Aviva UK Life chief executive David Barral has launched a stinging attack on rival providers for exploiting their customers by failing to offer enhanced annuities.

Policymakers are coming under growing pressure to address perceived failings in the annuity market, with an FCA review of annuity profit levels and shopping around due to be published next month.

Earlier this month pensions minister Steve Webb suggested people should be allowed to switch annuity providers if they can get a better deal elsewhere.

Barral says the practice of providers selling standard annuities to customers without checking if they could qualify for an enhancement is a “complete and utter scandal”.

He says: “There are providers that are exploiting inertia from customers because they do not offer annuities that are enhanced due to medical conditions, so the customer ends up with a really poor deal.

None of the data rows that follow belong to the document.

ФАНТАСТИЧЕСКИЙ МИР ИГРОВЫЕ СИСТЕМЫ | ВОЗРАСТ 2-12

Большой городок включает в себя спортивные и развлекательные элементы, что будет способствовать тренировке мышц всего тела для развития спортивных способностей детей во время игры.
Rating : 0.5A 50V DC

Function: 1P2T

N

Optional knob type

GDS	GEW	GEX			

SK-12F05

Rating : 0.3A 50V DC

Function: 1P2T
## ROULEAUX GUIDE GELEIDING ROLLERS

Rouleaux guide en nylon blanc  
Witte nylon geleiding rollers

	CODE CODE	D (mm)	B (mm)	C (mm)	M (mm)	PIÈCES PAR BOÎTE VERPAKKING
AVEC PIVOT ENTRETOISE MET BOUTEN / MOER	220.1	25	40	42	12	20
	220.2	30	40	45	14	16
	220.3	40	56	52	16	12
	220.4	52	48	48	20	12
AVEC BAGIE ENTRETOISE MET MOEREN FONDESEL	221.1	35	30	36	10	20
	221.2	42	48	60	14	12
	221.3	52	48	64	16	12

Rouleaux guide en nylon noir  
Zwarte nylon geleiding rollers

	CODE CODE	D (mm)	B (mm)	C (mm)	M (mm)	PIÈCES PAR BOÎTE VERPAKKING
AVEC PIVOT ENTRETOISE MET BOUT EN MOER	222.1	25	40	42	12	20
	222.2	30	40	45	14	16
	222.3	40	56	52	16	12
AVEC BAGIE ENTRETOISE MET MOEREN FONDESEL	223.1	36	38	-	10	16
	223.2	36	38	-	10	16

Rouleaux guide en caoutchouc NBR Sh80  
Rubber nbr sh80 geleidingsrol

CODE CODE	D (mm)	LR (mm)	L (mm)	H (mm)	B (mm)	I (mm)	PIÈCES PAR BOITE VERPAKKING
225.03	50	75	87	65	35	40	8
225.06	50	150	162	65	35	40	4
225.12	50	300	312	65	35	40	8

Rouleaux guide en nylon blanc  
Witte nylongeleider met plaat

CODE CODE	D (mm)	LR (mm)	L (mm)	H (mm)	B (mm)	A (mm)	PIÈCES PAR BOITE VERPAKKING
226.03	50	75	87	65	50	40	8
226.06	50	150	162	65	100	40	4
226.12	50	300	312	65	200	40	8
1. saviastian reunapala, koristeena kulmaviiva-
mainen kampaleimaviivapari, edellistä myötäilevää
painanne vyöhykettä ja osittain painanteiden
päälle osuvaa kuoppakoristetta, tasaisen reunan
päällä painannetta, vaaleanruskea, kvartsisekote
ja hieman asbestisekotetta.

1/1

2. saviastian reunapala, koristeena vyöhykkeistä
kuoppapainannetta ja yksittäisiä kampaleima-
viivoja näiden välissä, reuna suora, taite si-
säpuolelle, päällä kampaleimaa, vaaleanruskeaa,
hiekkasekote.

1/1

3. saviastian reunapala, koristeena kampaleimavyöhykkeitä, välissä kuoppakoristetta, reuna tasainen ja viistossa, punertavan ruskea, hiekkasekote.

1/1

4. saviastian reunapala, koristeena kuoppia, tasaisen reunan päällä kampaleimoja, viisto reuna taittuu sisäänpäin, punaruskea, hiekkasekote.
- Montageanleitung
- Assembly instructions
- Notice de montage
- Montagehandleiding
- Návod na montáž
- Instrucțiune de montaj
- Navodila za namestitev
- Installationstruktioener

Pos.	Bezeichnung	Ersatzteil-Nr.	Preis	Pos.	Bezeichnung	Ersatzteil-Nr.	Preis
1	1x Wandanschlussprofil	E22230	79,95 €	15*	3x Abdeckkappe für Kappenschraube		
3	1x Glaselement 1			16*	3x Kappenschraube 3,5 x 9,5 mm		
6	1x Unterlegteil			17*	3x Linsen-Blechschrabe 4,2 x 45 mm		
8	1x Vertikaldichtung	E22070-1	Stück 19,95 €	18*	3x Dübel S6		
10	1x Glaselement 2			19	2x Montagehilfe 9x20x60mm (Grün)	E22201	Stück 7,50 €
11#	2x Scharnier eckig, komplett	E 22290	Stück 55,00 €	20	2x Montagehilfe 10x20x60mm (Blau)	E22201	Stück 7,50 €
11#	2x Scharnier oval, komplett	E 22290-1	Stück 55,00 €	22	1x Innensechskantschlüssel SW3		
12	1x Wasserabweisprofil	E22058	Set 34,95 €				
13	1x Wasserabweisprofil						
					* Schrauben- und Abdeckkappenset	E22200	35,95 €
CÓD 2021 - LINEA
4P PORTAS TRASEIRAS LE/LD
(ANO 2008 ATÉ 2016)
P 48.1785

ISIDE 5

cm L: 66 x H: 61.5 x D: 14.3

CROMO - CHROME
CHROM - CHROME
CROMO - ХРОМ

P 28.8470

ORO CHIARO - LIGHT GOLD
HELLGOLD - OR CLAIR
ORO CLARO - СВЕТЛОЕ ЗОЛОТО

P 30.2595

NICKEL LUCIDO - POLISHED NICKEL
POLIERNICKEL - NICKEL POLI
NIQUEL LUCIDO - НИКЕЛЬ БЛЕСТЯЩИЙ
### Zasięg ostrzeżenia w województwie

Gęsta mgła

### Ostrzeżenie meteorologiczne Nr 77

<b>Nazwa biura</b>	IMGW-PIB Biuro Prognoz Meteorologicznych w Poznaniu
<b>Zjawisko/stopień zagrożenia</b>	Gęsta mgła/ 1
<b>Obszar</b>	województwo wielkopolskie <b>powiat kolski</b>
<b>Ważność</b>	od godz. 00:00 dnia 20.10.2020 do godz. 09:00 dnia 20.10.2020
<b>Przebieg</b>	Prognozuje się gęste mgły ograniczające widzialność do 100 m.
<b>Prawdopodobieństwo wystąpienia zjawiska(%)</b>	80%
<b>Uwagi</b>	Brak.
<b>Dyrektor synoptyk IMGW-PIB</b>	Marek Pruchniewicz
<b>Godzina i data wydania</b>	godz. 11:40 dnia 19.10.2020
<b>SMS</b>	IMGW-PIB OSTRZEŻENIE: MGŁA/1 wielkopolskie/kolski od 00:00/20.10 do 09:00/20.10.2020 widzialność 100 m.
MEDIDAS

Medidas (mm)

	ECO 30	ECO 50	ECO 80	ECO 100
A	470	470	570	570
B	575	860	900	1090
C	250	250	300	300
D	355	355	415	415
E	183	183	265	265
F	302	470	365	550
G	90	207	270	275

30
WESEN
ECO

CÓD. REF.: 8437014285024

We think that is not acceptable.

“30 per cent of the market is about enhancing the annuity based on medical conditions and yet there are companies out there that find it OK just to let the customer buy an annuity from them even if they don’t offer an enhanced annuity. We think that is a complete and utter scandal.”

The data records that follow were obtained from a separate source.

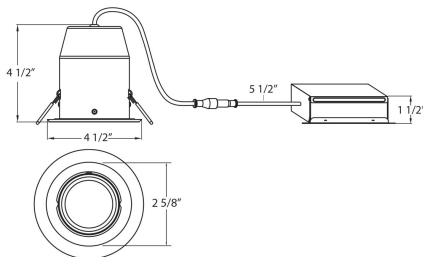

### DÉTAILS DU PRODUIT

Non.	:	31681-49
Couleur du produit	:	CHROME
Matériau du produit	:	WHITE
diamètre	:	4.5"
Taille	:	4.5"

### DÉTAILS DE LA SOURCE LUMINEUSE

Type de source lumineuse	:	INTEGRATED LED
Tension d'entrée	:	120V
Tension de l'ampoule	:	120V
Type de prise	:	LED
Puissance totale	:	10W
Lumens initiaux	:	950lm
Kelvin	:	3000K
CRI	:	80
Dimmable	:	Yes

### DÉTAILS TECHNIQUES

la localisation	:	DRY
approbation	:	
Titre 24	:	Yes
angle de faisceau	:	40
diamètre du trou de coupe	:	3.25"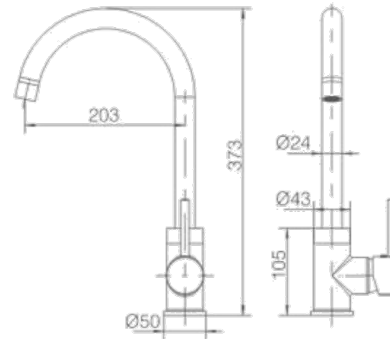

CARACTERÍSTICAS | CHARACTERISTICS

Torneira misturadora monocomando de cozinha em latão cromado com bica rotativa.

Ligações flexíveis incluídas em aço inox.

Chrome-plated brass single-lever kitchen mixer tap with rotating spout.

Flexible connections included in stainless steel.

DIMENSÕES | DIMENSIONS 203mm (C) x 50mm (L) x 373mm (A)

ACABAMENTO | FINISH Cromado | Chrome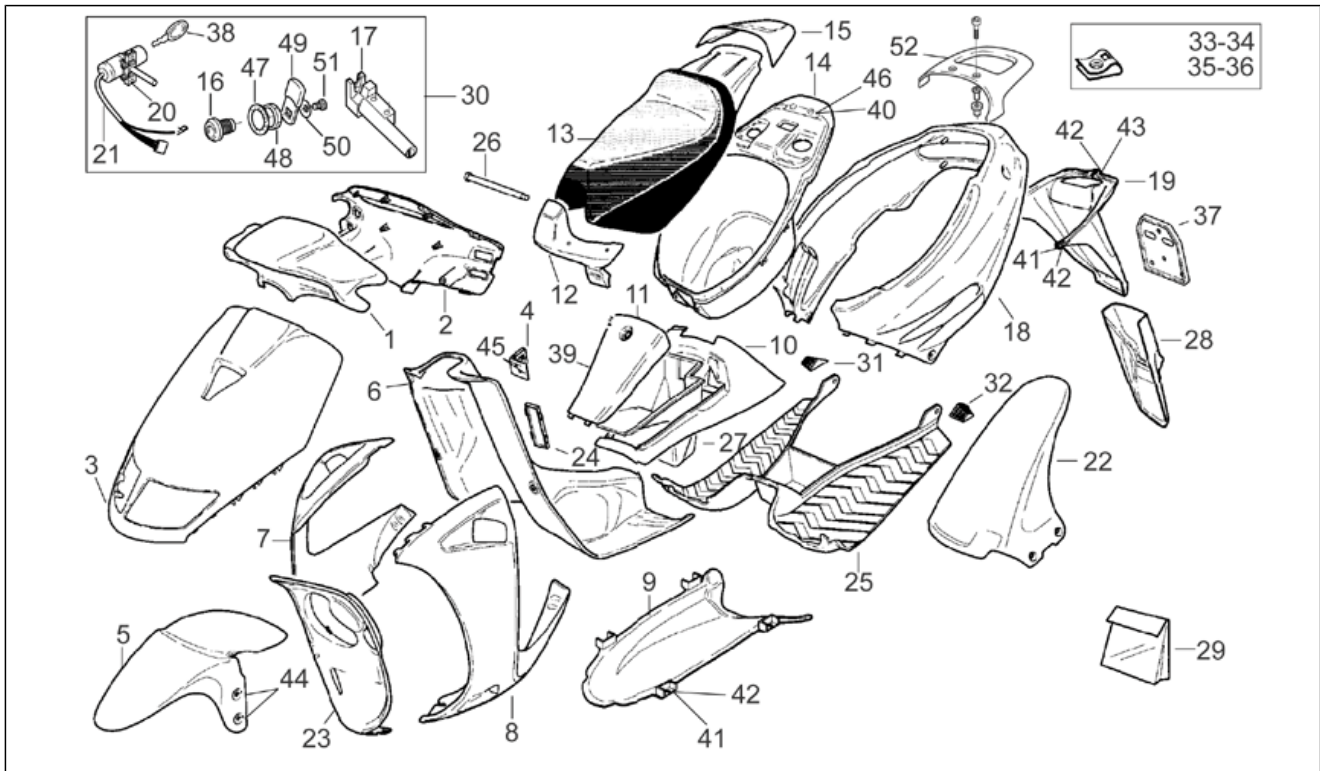

Einheit	RAHMEN
Code	28.04
Beschreibung	Aufbau
Inspektion	1

Pos.	Code	Beschreibung	Menge	Varianten
18	AP8231557	Heckteil, blau	1	Baujahr:1994[R] Fahrzeugfarbe:Esquire (Blau Nordic) 1994[esq.]
18	AP8231987	Heck violett lack.	1	Baujahr:1994[R], 1995[S], 1996[T] Fahrzeugfarbe:Wave (Orange/Violett) 1994[wave]
18	AP8238017	Heckteil, schwarz	1	Baujahr:1994[R], 1995[S] Fahrzeugfarbe:Urban Kid 1994 und Schwarz 1994-1996[black]
18	AP8238017	Heckteil, schwarz	1	Baujahr:1996[T] Fahrzeugfarbe:Urban Kid 1994 und Schwarz 1994-1996[black] Land:Italien[I]
18	AP8238112	Heck gelb lack.	1	Baujahr:1994[R] Fahrzeugfarbe:Sunfire (Gelb/Schwarz) 1994[s.fire]
18	AP8238137	Heckteil, blau	1	Baujahr:1995[S], 1996[T] Fahrzeugfarbe:Blau/Rot (D-UK-F) 1995-1996[bl/re]
18	AP8238237	Heckteil, blau	1	Baujahr:1995[S] Fahrzeugfarbe:Türkis 1995[cya] Land:Italien[I]
18	AP8238274	Heckteil, blau	1	Baujahr:1995[S] Fahrzeugfarbe:Türkis 1995[cya] Land:Deutschland[D], Frankreich[F]
18	AP8238277	Heckteil, schwarz	1	Baujahr:1995[S], 1996[T] Fahrzeugfarbe:Schwarz Replica (D-UK-F) 1995-1996[Rep/bl]
18	AP8238284	Heckteil, rot	1	Baujahr:1995[S] Fahrzeugfarbe:Rot China 1995[c.red]
18	AP8238322	Heckteil, blau	1	Baujahr:1995[S] Fahrzeugfarbe:Version RTL (D) 1995[rtl]
18	AP8238695	Heckteil, blau	1	Baujahr:1996[T] Fahrzeugfarbe:Blau/Grau 1996[bl/gr] Land:Italien[I]
18	AP8238710	Heckteil, grau	1	Baujahr:1996[T] Fahrzeugfarbe:Grau/Orange 1996[gr/or]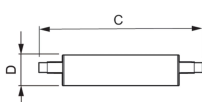

Specificaties Philips Corepro LED Lineair R7s 118mm 14W
1600lm - 830 Warm Wit | Dimbaar - Vervangt 100W

[Bekijk product](#)

Algemene informatie

Artikelnummer	224255
EAN	8718696578797
EOC FR	578797
Merk	Philips
Fabrikantnaam	CorePro R7S 118mm 14-100W 830 D
Aanbevolen aantal	10
Garantie	2 jaar
Energielabel	E
Levensduur (uur)	15000

Technische Informatie

Technologie	LED
Netspanning (Volt)	220-240
Dimbaar	Ja, dimbaar
Lampvoet (fitting)	R7s
Lumen per watt	114.3
Sensortype	Geen sensor

Lamp Informatie

Kleurcode	830 Warm Wit
Lichtkleur (Kelvin)	3000 Warm Wit

Lengte (mm)	118
-------------	-----

Diameter (mm)	29
---------------	----

Vorm	Double Ended
------	--------------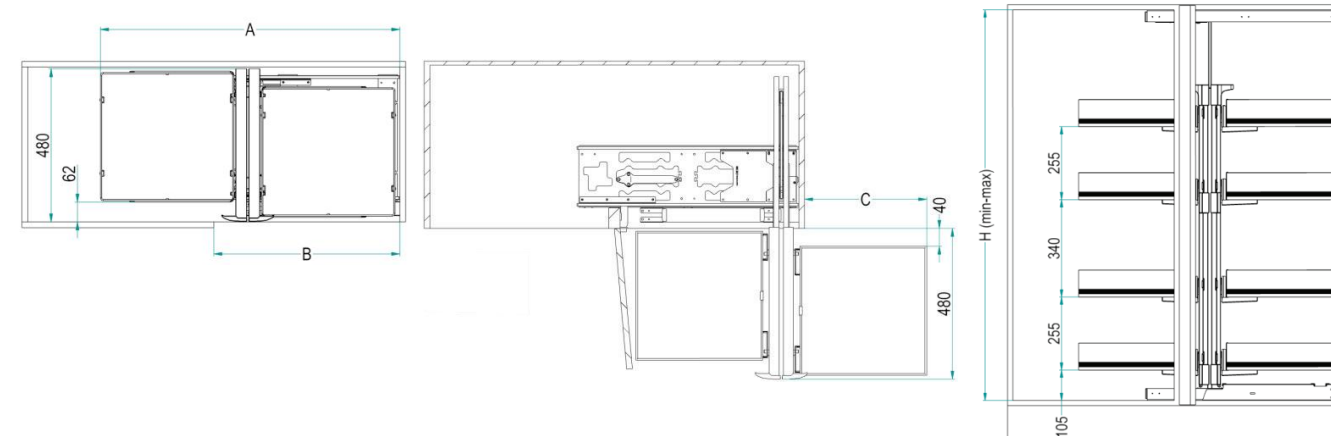

Compact 2: meccanismo angolare reversibile ad estrazione totale
Compact 2: reversible corner mechanism total extraction

Il codice si riferisce all'articolo completo (meccanismo + cesti)
The code refers to the whole article (mechanism + baskets)

839 A K (AS) / 45 AR (F)

Optional -
AS - Anti-Scivolo
Anti-slip

Cesti / Basket -
K - Ikona baskets

F - Ferramenta interna all'imballo del meccanismo
Hardware inside mechanism package

Cod. -

Misure Anta / Door Size [cm]	A [mm]	B [mm]	C [mm]
40	700	364	190
45	700	414	240
50	830	464	290
60	930	564	390

Altezza / Height

Code	H [mm]	n° Baskets
A	1185 - 1505	4+4

Max portata kg 60
Maximum loading capacity 60 kg

Finitura - Finishing -
La finitura Ardesia è considerata di serie / Slate finishing as standard
Le finiture Champagne, Nero e Bianco vengono prodotte a richiesta / Champagne, Black and White finishes are produced on demand
Soft-Close di serie / Soft-Close as standard
Trattamento antiscivolo a richiesta / Antislip treatment on demand
Altezza: Utile interno 80 mm / Inside height 80 mm

Barral says regulation may need to be strengthened to force people to shop around at retirement.

He says: “Customers have to understand there is a full stop between them saving for retirement and then choosing which provider can offer the best income.

“That might have to be done through regulation because we need to force customers into demonstrating they understand the choice they are making and the comparison with rates in the marketplace.”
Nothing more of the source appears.